“Alright, Jackie, let’s get back to the story…”
Z-P-N-E-S hung in hyperspace.
Blindy got tired of sitting there, watching space twist outside the hull like stars reflected in a warped mirror.
He stood up, swaying a little, and made his way toward the back—into the cargo hold, toward the “delivery.”
In the first cage, a man was crying.
“Please! You don’t have to do this!”
In the second, panic had already set in.
“We got money! Connections! We’ll pay double!”
Blindy yawned so wide it looked like he was trying to swallow his own exhaustion.
“Hmm… double, huh…?”
Zeros didn’t even turn his head.
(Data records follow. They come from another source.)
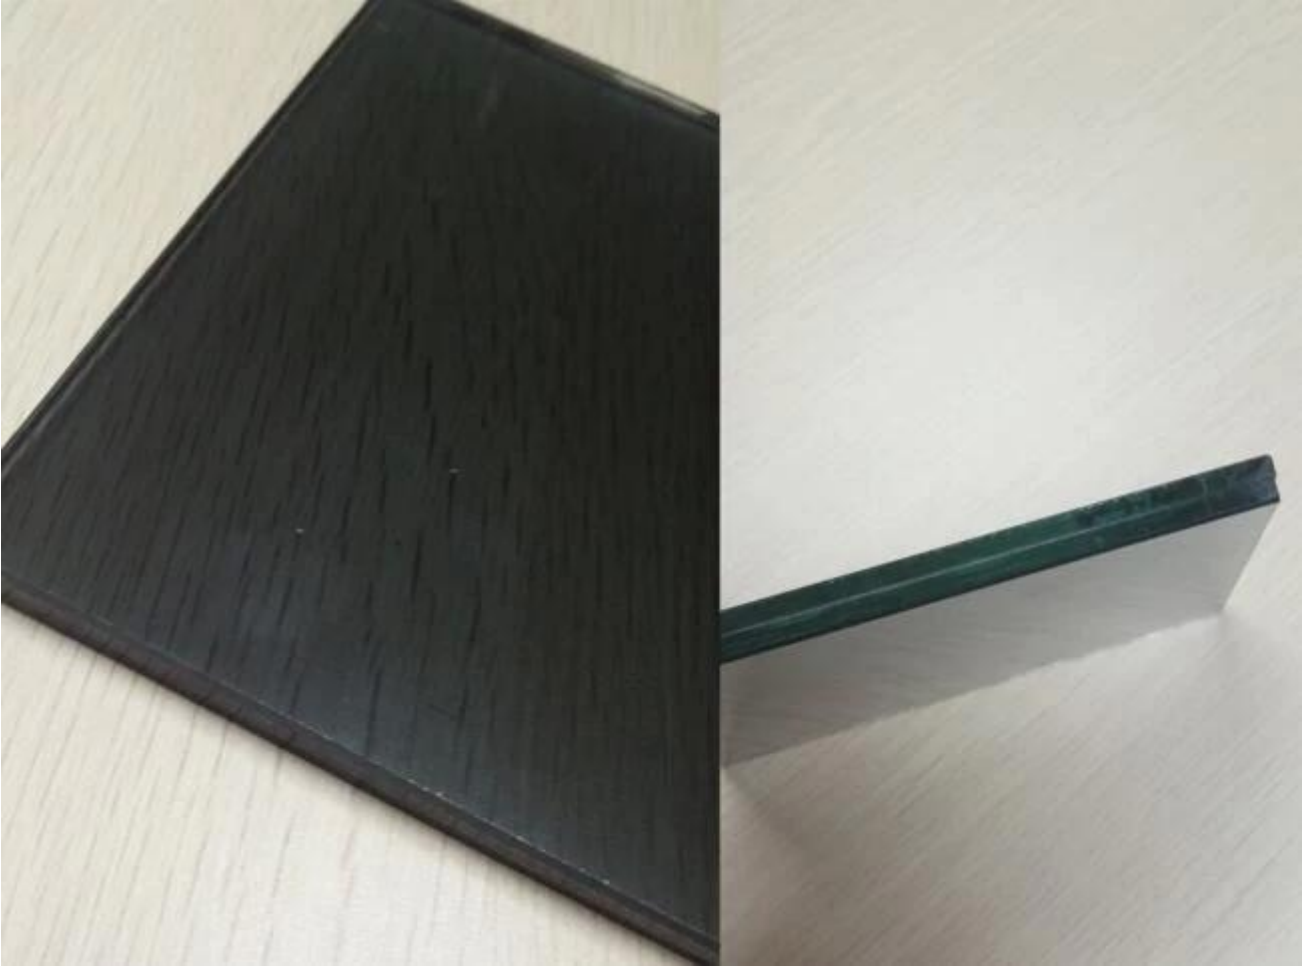

خط "إنتاج الزجاج" مغلقة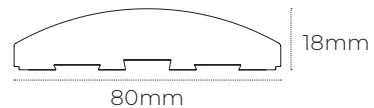

Cumbre simétrico

Colina 1 y Colina 2

Simple

15

L: 300mm

L: 300mm / 400mm

L: 400mm / 500mm

Montaña

L: 300mm / 400mm

L: 400mm / 500mm

Pirámide

L: 300mm / 400mm

L: 400mm / 500mm

Onda

L: 300mm/400mm

L: 400mm/500mm

Conca

L: 300mm / 400mm

L: 400mm / 500mm

Valle

L: 300mm/400mm

L: 400mm/500mm

Rayado

L: 300mm / 400mm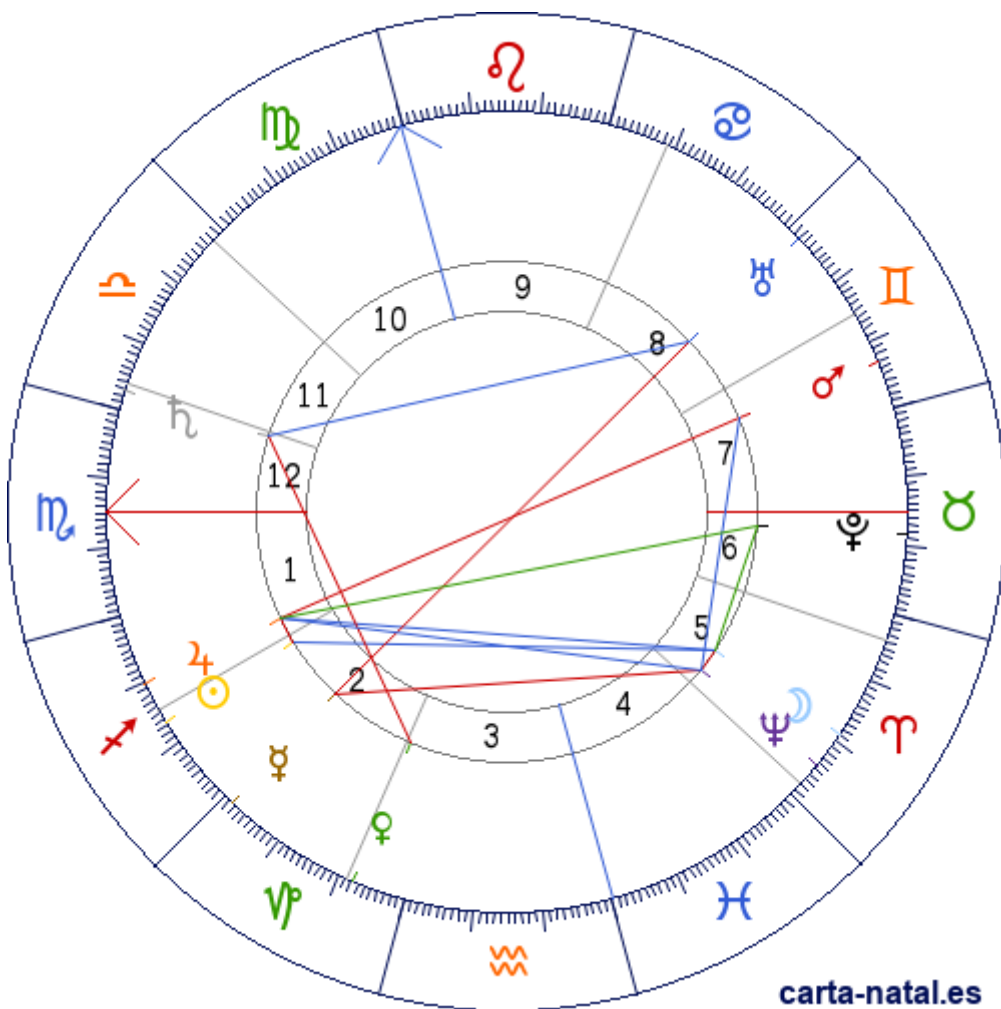

**Carta natal**

**Camille Claudel**

08/12/1864 05:00:00 (LMT)

08/12/1864 04:45:56 UT

49:12:00N 03:31:00E

Tropical/geocéntrico

Carta eclíptica

Casas: Placidus

ARMC: 152°11'47.79708"

carta-natal.es

Generalidades

Fuego 36.36%

Tierra 31.82%

Aire 18.18%

Agua 13.64%

Cardinal 40.91%

**Planetas**

☉	♈	16°25'10"	2
☾	♌	11°07'15"	5
♀	♊	01°28'08"	2
♀	♊	22°07'41"	3
♂	♏	06°48'58" <u>R</u>	7
♃	♈	10°10'53"	1
♁	♏	27°13'16"	12
♁	♏	27°54'22" <u>R</u>	8
♃	♌	05°33'44" <u>R</u>	5
♀	♎	11°41'45" <u>R</u>	6 » 7

**Aspectos**

☉	120°	☾	5.3° (A)
☉	0°	♃	6.24° (S)
☾	120°	♃	0.94° (S)
☾	0°	♃	5.56° (S)
☾	30°	♀	0.57° (A)
♀	180°	♁	3.56° (S)
♀	90°	♃	4.09° (A)
♀	90°	♁	5.09° (A)
♂	180°	♃	3.37° (S)
♂	60°	♃	1.25° (A)
♃	120°	♃	4.62° (S)
♃	150°	♀	1.51° (A)
♁	120°	♁	0.68° (A)

Just tilted it slightly, listening.
“Yeah! Yeah! Double! Triple! Just let us go!”
“We’ll make you rich! You’ll never have to work again!”
“I got kids! Please!”
The hostages slammed themselves against the cage walls, begging, shouting, breaking.
Blindy raised a finger, about to say “you’re free,” when the warning system snapped to life:
"ATTENTION.
PREPARING TO EXIT HYPER.
REPEAT: GET READY, YOU SONS OF BITCHES.
BLINDY, GET YOUR ASS BACK IN THE SEAT—THIS IS GONNA HIT."
Blindy muttered under his breath and dragged himself back to the pilot’s chair.
“Zeros, you piece’a shit, you mind killin that crap?!
My own ship startin to sound… like… like… YOU, for fuck sake…”
Zeros didn’t move a single bolt.
“I don’t know what you’re talking about.
Better listen to Z-P-N-E-S.”
Blindy dropped into the seat.
The ship exited hyper—
—and in front of them, there was… nothing.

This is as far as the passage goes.